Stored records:
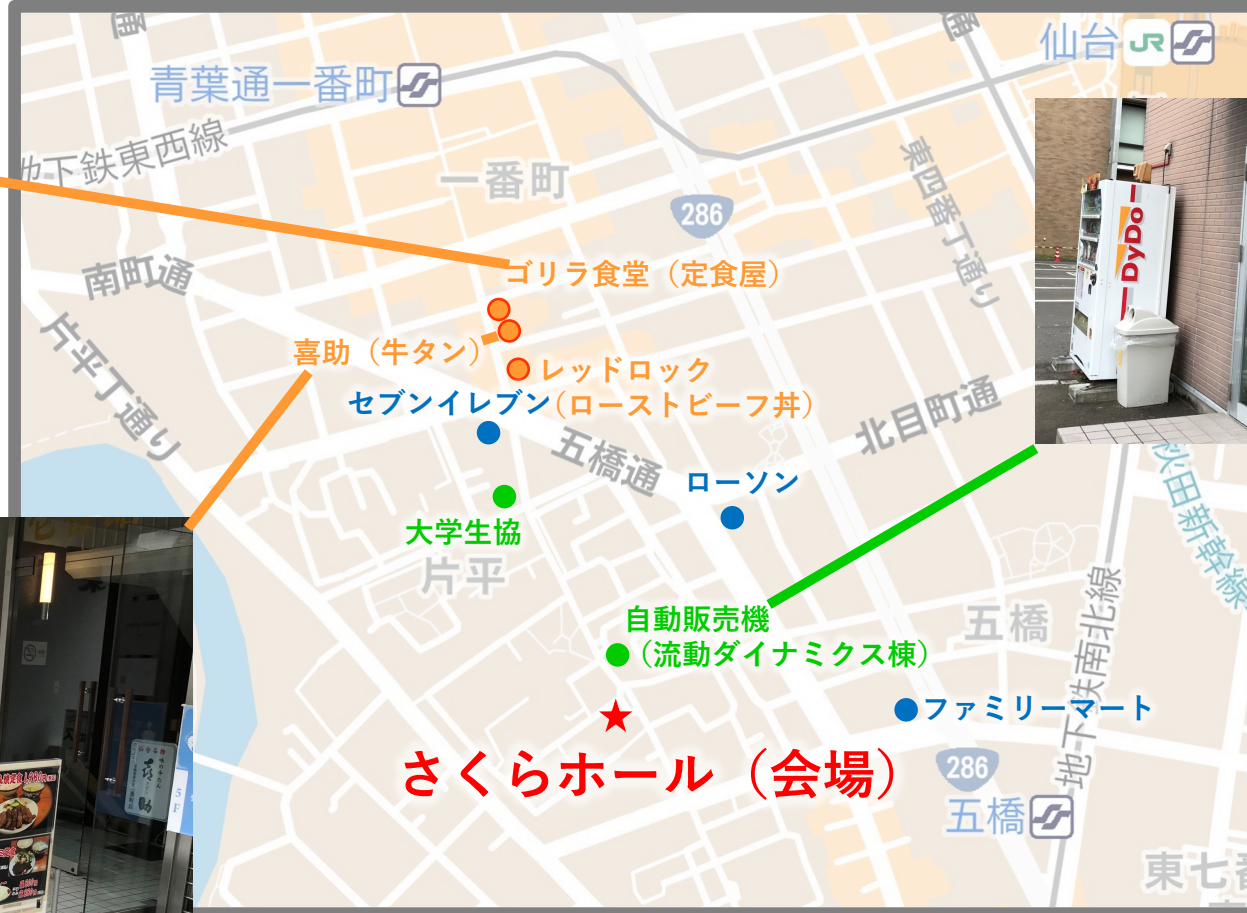

会場周辺飲食店等

会場周辺の購買やコンビニ、おすすめの飲食店をピックアップしたMAPです。

14 ● セブンイレブン

大学生協 ●

● セブンイレブン
● ローソン

13

片平

● 自動販売機
(流動ダイナミクス棟)

- ①
- ②
- ③
- ④
- ⑤
- ⑥
- ⑦
- ⑧
- ⑨
- ⑩
- ⑪
- ⑫

五橋
● セブンイレブン

● ファミリーマート

286

五橋

裏面へ

★ さくらホール (会場)

- ① 武屋食堂 (豚汁)
- ② 中国めしや 竹竹
- ③ 味の横綱 (中華)
- ④ 前田屋 (そば)
- ⑤ とうがらし亭 (中華)
- ⑥ 食事 光
- ⑦ 餃子の雪松 仙台五橋店

- ⑧ 中華亭分店 五橋 (中華そば)
- ⑨ ラーメンの店 まんじ
- ⑩ 担々麺 たかはし
- ⑪ 頑固蛸 (たこやき)
- ⑫ とんかつえんどう
- ⑬ モーツァルト アトリエ (カフェ)
- ⑭ 珈琲飲み処 いりたてや

- ⑭牛たん炭焼 利久
- ⑮水原製麺 (ラーメン)
- ⑯レッドロック (ローストビーフ丼)
- ⑰神戸のかつ丼七兵衛
- ⑱喜助 (牛タン)
- ⑲ゴリラ食堂 (定食屋)
- ⑳張広東飯店 桜園
- ㉑喫茶エルベ
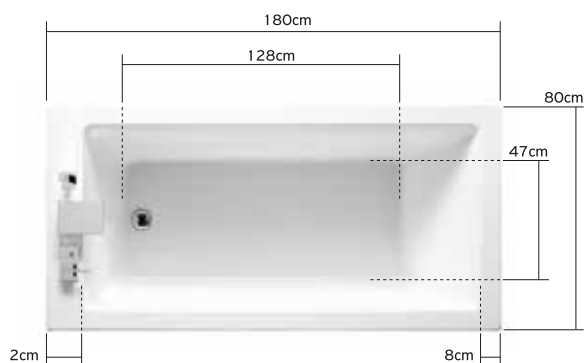

ZIRA

Porta conforto ed estetico minimale nel vostro bagno. Si tratta di una combinazione eccezionale di eccellenza e funzionalità.

Apporte le confort et esthétique minimale dans votre salle de bains. Un exceptionnelle combinaison de l'excellence et de la fonctionnalité.

Vasca da bagno 1800x800x450	495.00 €
Capacità di 230 Lt	
Vasca da bagno 1700x750x420	329.00 €
Capacità di 180 Lt	
Vasca da bagno 1700x700x420	309.00 €
Capacità di 160 Lt	
Il prezzo non include: sistemi di idromassaggio, aria massaggio e miscelatori.	
Pannello anteriore acrilico	199.00 €
Pannello laterale acrilico	139.00 €
Struttura di sostegno laterale	219.00 €
Confezione in legno	39.00 €
Miscelatore gruppo vasca K-600	999.00 €

Baignoire 1800x800x450	495.00 €
Volume 230 Lt	
Baignoire 1700x750x420	329.00 €
Volume 180 Lt	
Baignoire 1700x700x420	309.00 €
Volume 160 Lt	
Le prix ne comprend pas: les systèmes hydro-air massage, robinets de baignoire.	
Tablier de front en acrylique	199.00 €
Tablier de coté en acrylique	139.00 €
Châssis autoportant	219.00 €
Emballage en bois	39.00 €
Mélangeur de baignoire K-600	999.00 €
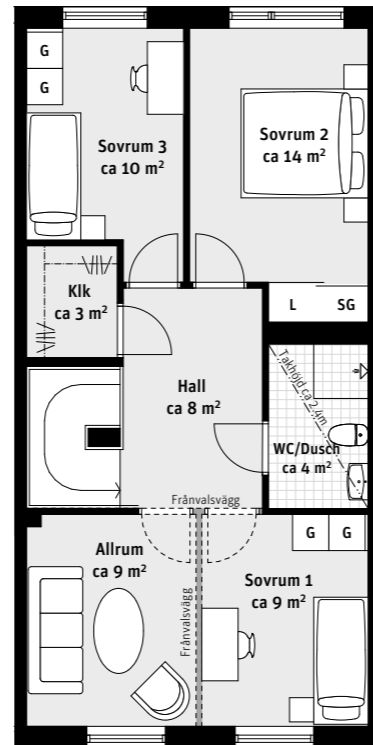

6 RoK, ca 131 m²

Brf Laröds blomma 2-plans radhus 613

Grundutförande

Entréplan

Ovanvåning

Alternativ

Entréplan

Ovanvåning

- K Kylskåp
- F Frys
- Induktionshäll
- U/M Ugn/Mikro
- DM Diskmaskin
- Överskåp
- TM Tvättmaskin
- TT Torktumlare
- G Garderob
- ST Städskåp
- L Linneskåp
- SG Skjutdörrsgarderob
- Frd Förråd
- FTX Lägenhetsaggregat
- Inspektionslucka
- Stpr Stuprör

TAKHÖJD
Ca 2.7 m om inget annat anges.

TASK GOAL – An exact transcription of the records above is needed, with no pictures included.

ANSWER FOR THE TASK –
会場周辺飲食店等

会場周辺の購買やコンビニ、おすすめの飲食店をピックアップしたMAPです。

14 ● セブンイレブン

大学生協 ●

● セブンイレブン
● ローソン

13

片平

● 自動販売機
(流動ダイナミクス棟)

- ①
- ②
- ③
- ④
- ⑤
- ⑥
- ⑦
- ⑧
- ⑨
- ⑩
- ⑪
- ⑫

五橋
● セブンイレブン

● ファミリーマート

286

五橋

裏面へ

★ さくらホール (会場)

- ① 武屋食堂 (豚汁)
- ② 中国めしや 竹竹
- ③ 味の横綱 (中華)
- ④ 前田屋 (そば)
- ⑤ とうがらし亭 (中華)
- ⑥ 食事 光
- ⑦ 餃子の雪松 仙台五橋店

- ⑧ 中華亭分店 五橋 (中華そば)
- ⑨ ラーメンの店 まんじ
- ⑩ 担々麺 たかはし
- ⑪ 頑固蛸 (たこやき)
- ⑫ とんかつえんどう
- ⑬ モーツァルト アトリエ (カフェ)
- ⑭ 珈琲飲み処 いりたてや

- ⑭牛たん炭焼 利久
- ⑮水原製麺 (ラーメン)
- ⑯レッドロック (ローストビーフ丼)
- ⑰神戸のかつ丼七兵衛
- ⑱喜助 (牛タン)
- ⑲ゴリラ食堂 (定食屋)
- ⑳張広東飯店 桜園
- ㉑喫茶エルベ

ZIRA

Porta conforto ed estetico minimale nel vostro bagno. Si tratta di una combinazione eccezionale di eccellenza e funzionalità.

Apporte le confort et esthétique minimale dans votre salle de bains. Un exceptionnelle combinaison de l'excellence et de la fonctionnalité.

Vasca da bagno 1800x800x450	495.00 €
Capacità di 230 Lt	
Vasca da bagno 1700x750x420	329.00 €
Capacità di 180 Lt	
Vasca da bagno 1700x700x420	309.00 €
Capacità di 160 Lt	
Il prezzo non include: sistemi di idromassaggio, aria massaggio e miscelatori.	
Pannello anteriore acrilico	199.00 €
Pannello laterale acrilico	139.00 €
Struttura di sostegno laterale	219.00 €
Confezione in legno	39.00 €
Miscelatore gruppo vasca K-600	999.00 €

Baignoire 1800x800x450	495.00 €
Volume 230 Lt	
Baignoire 1700x750x420	329.00 €
Volume 180 Lt	
Baignoire 1700x700x420	309.00 €
Volume 160 Lt	
Le prix ne comprend pas: les systèmes hydro-air massage, robinets de baignoire.	
Tablier de front en acrylique	199.00 €
Tablier de coté en acrylique	139.00 €
Châssis autoportant	219.00 €
Emballage en bois	39.00 €
Mélangeur de baignoire K-600	999.00 €

6 RoK, ca 131 m²

Brf Laröds blomma 2-plans radhus 613

Grundutförande

Entréplan

Ovanvåning

Alternativ

Entréplan

Ovanvåning

- K Kylskåp
- F Frys
- Induktionshäll
- U/M Ugn/Mikro
- DM Diskmaskin
- Överskåp
- TM Tvättmaskin
- TT Torktumlare
- G Garderob
- ST Städskåp
- L Linneskåp
- SG Skjutdörrsgarderob
- Frd Förråd
- FTX Lägenhetsaggregat
- Inspektionslucka
- Stpr Stuprör

TAKHÖJD
Ca 2.7 m om inget annat anges.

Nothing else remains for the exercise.